WHAT NEEDS TO BE DONE: Lines before the one containing "那珂湊定地水温 (°C)" are left out. Retype that line and the rest through the end of the material exactly.

###

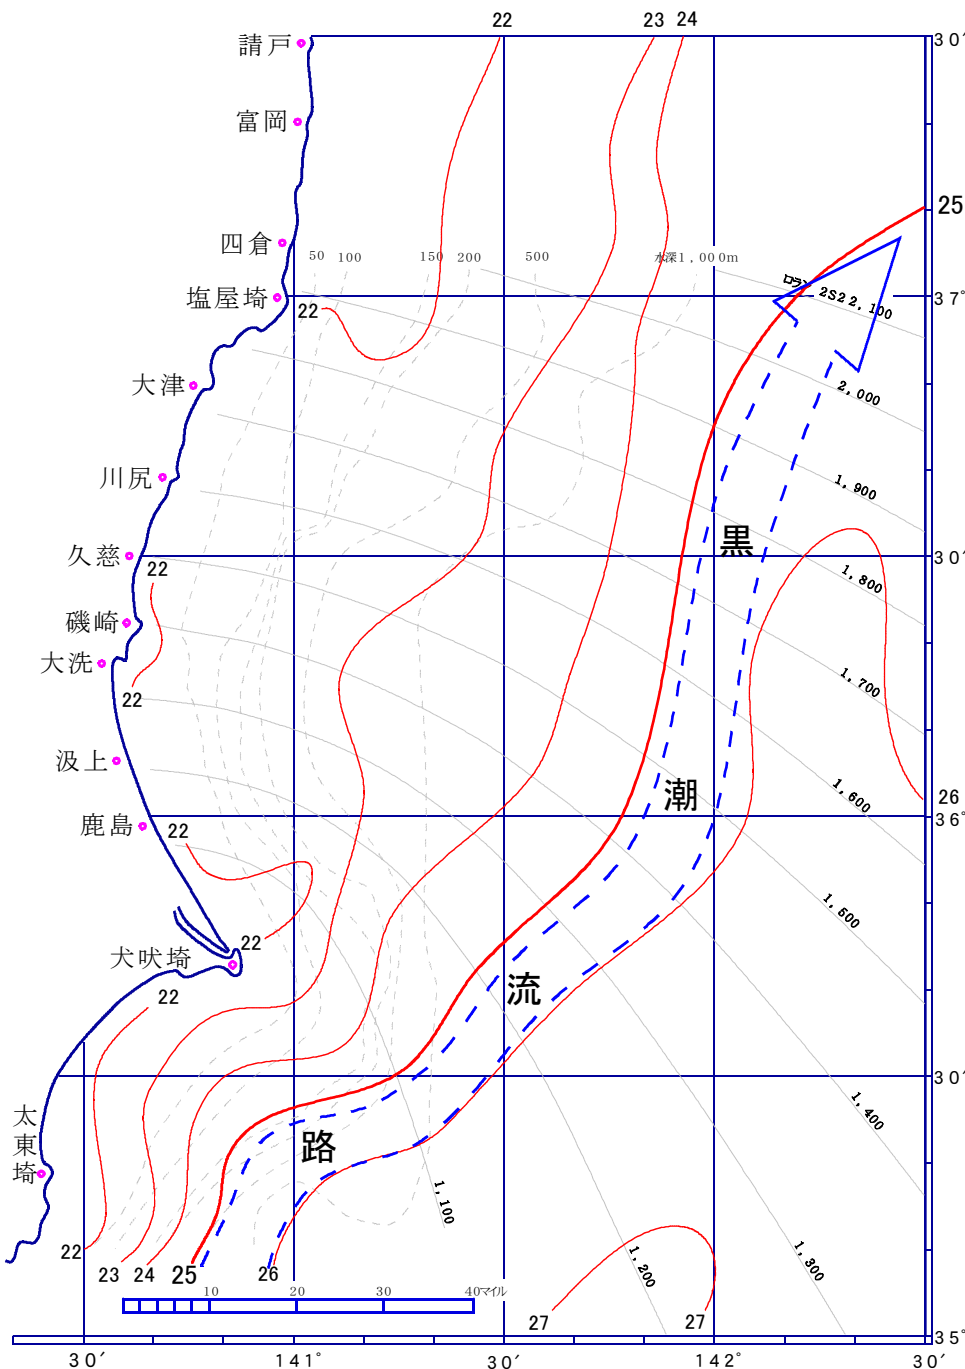

# 漁海況速報

6-No. 16

茨城県水産試験場  
漁業無線局

令和6年 7月12日～ 7月18日

電話 (029) 273-7911

FAX (029) 270-1480

<http://www.pref.ibaraki.jp/soshiki/nourinsuisan/suishi/index.html>

那珂湊定地水温 (°C)

日	令6	令5	平年
7/12	20.7	22.7	19.4
13	21.2	23.2	19.4
14	21.0	22.8	19.5
15	21.1	22.6	19.6
16	21.4	22.8	19.6
17	21.3	23.1	19.7
18	21.6	22.8	19.8
平均	21.2	22.9	19.6

30年平均: 1991～2020年

令和6年 7月12日～ 7月18日

【1週間合成衛星画像】

【海況図】

令和5年 7月14日～ 7月20日

【海況図】

1. 黒潮は、犬吠埼の東南東30マイル付近を北北東に流れ、  
37° 10' N 142° 30' E付近を流去している。
2. 本県沿岸域は、21～22℃台の水温となっている。

## ◎ まき網

(漁獲は1投網当り)

マイワシ・・・尻屋崎の東北東15マイル付近から八戸の北25マイル付近で1~80トン、良い船で130~150トンの漁獲。

###

RESULT OF THIS TASK:
那珂湊定地水温 (°C)

日	令6	令5	平年
7/12	20.7	22.7	19.4
13	21.2	23.2	19.4
14	21.0	22.8	19.5
15	21.1	22.6	19.6
16	21.4	22.8	19.6
17	21.3	23.1	19.7
18	21.6	22.8	19.8
平均	21.2	22.9	19.6

30年平均: 1991～2020年

令和6年 7月12日～ 7月18日

【1週間合成衛星画像】

【海況図】

令和5年 7月14日～ 7月20日

【海況図】

1. 黒潮は、犬吠埼の東南東30マイル付近を北北東に流れ、  
37° 10' N 142° 30' E付近を流去している。
2. 本県沿岸域は、21～22℃台の水温となっている。

## ◎ まき網

(漁獲は1投網当り)

マイワシ・・・尻屋崎の東北東15マイル付近から八戸の北25マイル付近で1~80トン、良い船で130~150トンの漁獲。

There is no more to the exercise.